───── MATERIAL FOR THIS TASK ─────

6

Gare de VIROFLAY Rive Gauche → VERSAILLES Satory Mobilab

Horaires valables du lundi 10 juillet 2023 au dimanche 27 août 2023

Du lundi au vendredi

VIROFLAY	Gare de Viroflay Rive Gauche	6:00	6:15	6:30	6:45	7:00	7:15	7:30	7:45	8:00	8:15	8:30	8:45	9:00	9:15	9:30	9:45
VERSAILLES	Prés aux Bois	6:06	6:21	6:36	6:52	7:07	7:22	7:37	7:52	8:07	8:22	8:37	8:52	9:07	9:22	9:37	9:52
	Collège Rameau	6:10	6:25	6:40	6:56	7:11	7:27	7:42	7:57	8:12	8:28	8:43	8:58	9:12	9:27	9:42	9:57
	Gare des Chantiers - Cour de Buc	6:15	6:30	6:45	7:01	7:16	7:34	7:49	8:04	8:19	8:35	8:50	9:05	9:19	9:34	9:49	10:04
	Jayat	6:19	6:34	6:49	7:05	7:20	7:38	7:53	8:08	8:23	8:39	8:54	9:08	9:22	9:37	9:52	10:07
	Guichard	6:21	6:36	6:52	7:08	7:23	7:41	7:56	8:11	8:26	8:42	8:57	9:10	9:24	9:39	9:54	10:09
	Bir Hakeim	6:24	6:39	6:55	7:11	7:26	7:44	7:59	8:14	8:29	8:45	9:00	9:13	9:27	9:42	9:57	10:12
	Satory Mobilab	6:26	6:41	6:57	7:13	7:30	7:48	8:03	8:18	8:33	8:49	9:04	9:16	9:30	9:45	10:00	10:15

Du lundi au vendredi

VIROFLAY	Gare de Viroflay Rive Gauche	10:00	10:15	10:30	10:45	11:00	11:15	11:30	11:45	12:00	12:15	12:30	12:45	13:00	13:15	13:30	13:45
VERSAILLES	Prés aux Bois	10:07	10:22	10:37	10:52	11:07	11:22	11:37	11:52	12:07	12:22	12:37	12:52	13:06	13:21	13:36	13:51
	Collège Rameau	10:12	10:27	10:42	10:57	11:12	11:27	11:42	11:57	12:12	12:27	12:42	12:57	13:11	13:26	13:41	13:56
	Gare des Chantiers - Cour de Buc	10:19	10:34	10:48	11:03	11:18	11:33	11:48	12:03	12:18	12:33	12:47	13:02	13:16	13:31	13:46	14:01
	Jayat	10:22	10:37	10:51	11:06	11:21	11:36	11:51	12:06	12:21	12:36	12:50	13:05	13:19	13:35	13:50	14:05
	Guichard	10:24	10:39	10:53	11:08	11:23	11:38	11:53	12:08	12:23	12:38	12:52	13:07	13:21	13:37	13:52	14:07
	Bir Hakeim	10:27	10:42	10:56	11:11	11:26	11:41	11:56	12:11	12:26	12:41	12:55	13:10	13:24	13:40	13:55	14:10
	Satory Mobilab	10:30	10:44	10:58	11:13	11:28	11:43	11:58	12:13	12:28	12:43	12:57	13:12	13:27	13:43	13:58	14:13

─────

Print all of the entries again, exactly as written.

6

Gare de VIROFLAY Rive Gauche → VERSAILLES Satory Mobilab

Horaires valables du lundi 10 juillet 2023 au dimanche 27 août 2023

Du lundi au vendredi

VIROFLAY	Gare de Viroflay Rive Gauche	6:00	6:15	6:30	6:45	7:00	7:15	7:30	7:45	8:00	8:15	8:30	8:45	9:00	9:15	9:30	9:45
VERSAILLES	Prés aux Bois	6:06	6:21	6:36	6:52	7:07	7:22	7:37	7:52	8:07	8:22	8:37	8:52	9:07	9:22	9:37	9:52
	Collège Rameau	6:10	6:25	6:40	6:56	7:11	7:27	7:42	7:57	8:12	8:28	8:43	8:58	9:12	9:27	9:42	9:57
	Gare des Chantiers - Cour de Buc	6:15	6:30	6:45	7:01	7:16	7:34	7:49	8:04	8:19	8:35	8:50	9:05	9:19	9:34	9:49	10:04
	Jayat	6:19	6:34	6:49	7:05	7:20	7:38	7:53	8:08	8:23	8:39	8:54	9:08	9:22	9:37	9:52	10:07
	Guichard	6:21	6:36	6:52	7:08	7:23	7:41	7:56	8:11	8:26	8:42	8:57	9:10	9:24	9:39	9:54	10:09
	Bir Hakeim	6:24	6:39	6:55	7:11	7:26	7:44	7:59	8:14	8:29	8:45	9:00	9:13	9:27	9:42	9:57	10:12
	Satory Mobilab	6:26	6:41	6:57	7:13	7:30	7:48	8:03	8:18	8:33	8:49	9:04	9:16	9:30	9:45	10:00	10:15

Du lundi au vendredi

VIROFLAY	Gare de Viroflay Rive Gauche	10:00	10:15	10:30	10:45	11:00	11:15	11:30	11:45	12:00	12:15	12:30	12:45	13:00	13:15	13:30	13:45
VERSAILLES	Prés aux Bois	10:07	10:22	10:37	10:52	11:07	11:22	11:37	11:52	12:07	12:22	12:37	12:52	13:06	13:21	13:36	13:51
	Collège Rameau	10:12	10:27	10:42	10:57	11:12	11:27	11:42	11:57	12:12	12:27	12:42	12:57	13:11	13:26	13:41	13:56
	Gare des Chantiers - Cour de Buc	10:19	10:34	10:48	11:03	11:18	11:33	11:48	12:03	12:18	12:33	12:47	13:02	13:16	13:31	13:46	14:01
	Jayat	10:22	10:37	10:51	11:06	11:21	11:36	11:51	12:06	12:21	12:36	12:50	13:05	13:19	13:35	13:50	14:05
	Guichard	10:24	10:39	10:53	11:08	11:23	11:38	11:53	12:08	12:23	12:38	12:52	13:07	13:21	13:37	13:52	14:07
	Bir Hakeim	10:27	10:42	10:56	11:11	11:26	11:41	11:56	12:11	12:26	12:41	12:55	13:10	13:24	13:40	13:55	14:10
	Satory Mobilab	10:30	10:44	10:58	11:13	11:28	11:43	11:58	12:13	12:28	12:43	12:57	13:12	13:27	13:43	13:58	14:13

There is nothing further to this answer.